Если бы (СИ) - Фокс Оксана
– Чо это?
– Тарелки, – буркнул он.
– Это блюдца, бестолочь!
– Какая разница из чего жрать? – пожал острыми плечами подросток, плюхаясь в потёртое кресло.
– Где тарелки?
Парень уткнулся в телефон, тыкая пальцами в кнопки.
– Я тебя спрашиваю, где тарелки? Чо ещё взял, сволочь?
– Отвянь.
– Джейсон!
– Да отвали от меня! Верну я твои грёбаные тарелки! Завтра верну! – вскочив, он выбежал из гостиной, хлопнув дверью.

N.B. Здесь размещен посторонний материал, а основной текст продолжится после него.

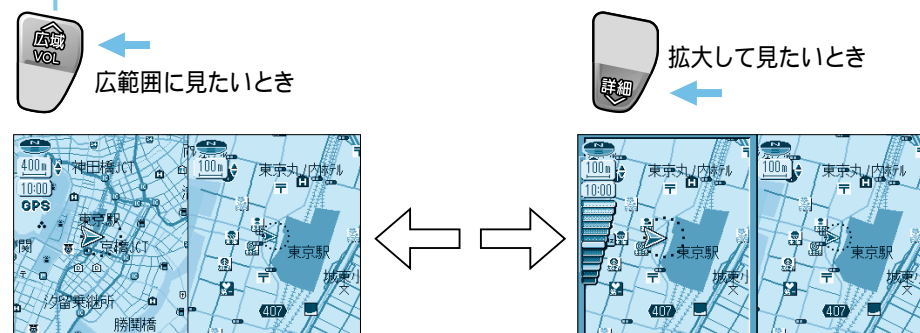

出発する前に

1 車のエンジンをかける

2 「行き先」を選ぶ

- 自宅へ帰る
- オートマタリで決める
- シンプルで決める
- 登録外で決める
- 名称で決める
- TELで決める

ジョイスティック / 実行ボタン

メニューボタン

3 住所を選ぶ

ジョイスティックを左右に動かして「県」の頭字を探し「市」を選ぶ

「区」を選ぶ

「町」を選ぶ

「番地」を選ぶ

「号」を選ぶ

4 目的地の地図が表示される

出発してから

進行方向に地図をあわせる

1 実行 サブメニューを表示させる → 2 実行 ヘディングアップを選ぶ → 3 実行

縮尺を切り替える

2画面にする

自宅へ帰るには

先に自宅を登録してください。
裏面「かんたんガイド(自宅を登録する)」を参照。

メニュー画面から

現在地画面で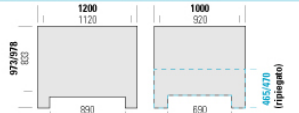

1389 C

chiuso

Dimensioni esterne (mm)	con piedi	1200x800x973
	con traverse	1200x800x978
Dimensioni interne (mm)		1120x720x833
Alt. ripiegato (mm)	con piedi	465
	con traverse	470
Capacità (litri)		695
Portata unitaria (Kg)**		750 ¹⁰⁾
Peso (Kg)*	4 piedi	46
	2 traverse	48.5
	3 traverse	52
Portata dinamica 2+1 (Kg)**		1850
Portata statica (Kg)**		7000
Pezzi impilabili n.**		9/10
Colore standard		avorio / base nera

1308 C

chiuso

Dimensioni esterne (mm)	con piedi	1200x1000x800
	con traverse	1200x1000x805
Dimensioni interne (mm)		1120x920x660
Alt. ripiegato (mm)	con piedi	293
	con traverse	298
Capacità (litri)		720
Portata unitaria (Kg)**		750 ¹⁰⁾
Peso (Kg)*	4 piedi	44
	2 traverse	47
	3 traverse	50.5
Portata dinamica 2+1 (Kg)**		1850
Portata statica (Kg)**		7000
Pezzi impilabili n.**		9/10
Colore standard		avorio / base nera

1309 C

chiuso

Dimensioni esterne (mm)	con piedi	1200x1000x973
	con traverse	1200x1000x978
Dimensioni interne (mm)		1120x920x833
Alt. ripiegato (mm)	con piedi	465
	con traverse	470
Capacità (litri)		905
Portata unitaria (Kg)**		850 ¹⁰⁾
Peso (Kg)*	4 piedi	52
	2 traverse	56
	3 traverse	59.5
Portata dinamica 2+1 (Kg)**		2100
Portata statica (Kg)**		7000
Pezzi impilabili n.**		8/9
Colore standard		avorio / base nera

1318 F

forato

Dimensioni esterne (mm)	con piedi	1200x1100x800
	con traverse	1200x1100x805
Dimensioni interne (mm)		1120x1020x660
Alt. ripiegato (mm)	con piedi 293	con traverse 298
Capacità (litri)	805	Portata unitaria (Kg)** 800 ^m
Peso (Kg)*	4 piedi 44.5	Portata dinamica 2+1 (Kg)** 2000
	2 traverse 48.5	Portata statica (Kg)** 7000
	3 traverse 52	Pezzi impilabili n.** 8/9
Colore standard	verde / base nera	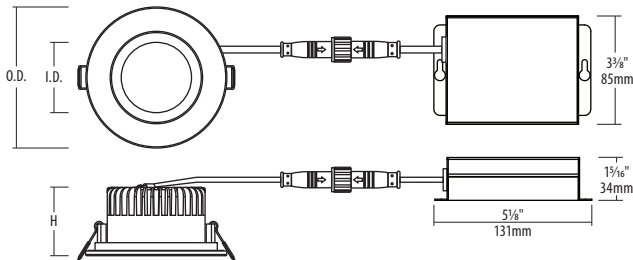

Installation

Vient avec deux pinces à ressort pour la fixation à tout matériau de plafond.

Transformateur DEL

Boîte câblée en aluminium extrudé avec transformateur DEL d'intensité variable et Wi-Fi de 300 mA (4 po) et 370 mA (6 po) avec entrée de 100-135 VCA. Vient avec câble de 18 po et connecteur CC à broches entre le transformateur et le luminaire.

Dim.	O.D.	I.D.	H
SLMB4	4 ¼ po (121 mm)	2 ¾ po (60 mm)	2 ½ po (59 mm)
SLMB6	6 ½ po (173 mm)	4 ¾ po (106 mm)	3 ½ po (78 mm)

Guide de commande

SLMB Taille Style - RGBTW - WZ - Finition garniture Finition déflecteur

Джулия ссутулилась, беспомощно глядя вслед. Подняв ладонь, на ощупь оттёрла в морщинах слезу, медленно разворачиваясь к плите. Опустив голову, Лина водила ручкой по смешным ушам карикатуры. Минорные ноты звучали в каждом закоулке дома, и соседнего, и всех дряхлых домов вверх-вниз по улице. Унылая жалобная гомофония. В общей мелодии Лина различала и свой голос.
– А что нужно делать? – нарушила тишину, не зная как помочь ни Джулии, ни Джею, ни себе.
– Ты чо, сроду не была официанткой?
– Не пришлось, – Лина расставила на столе блюдца.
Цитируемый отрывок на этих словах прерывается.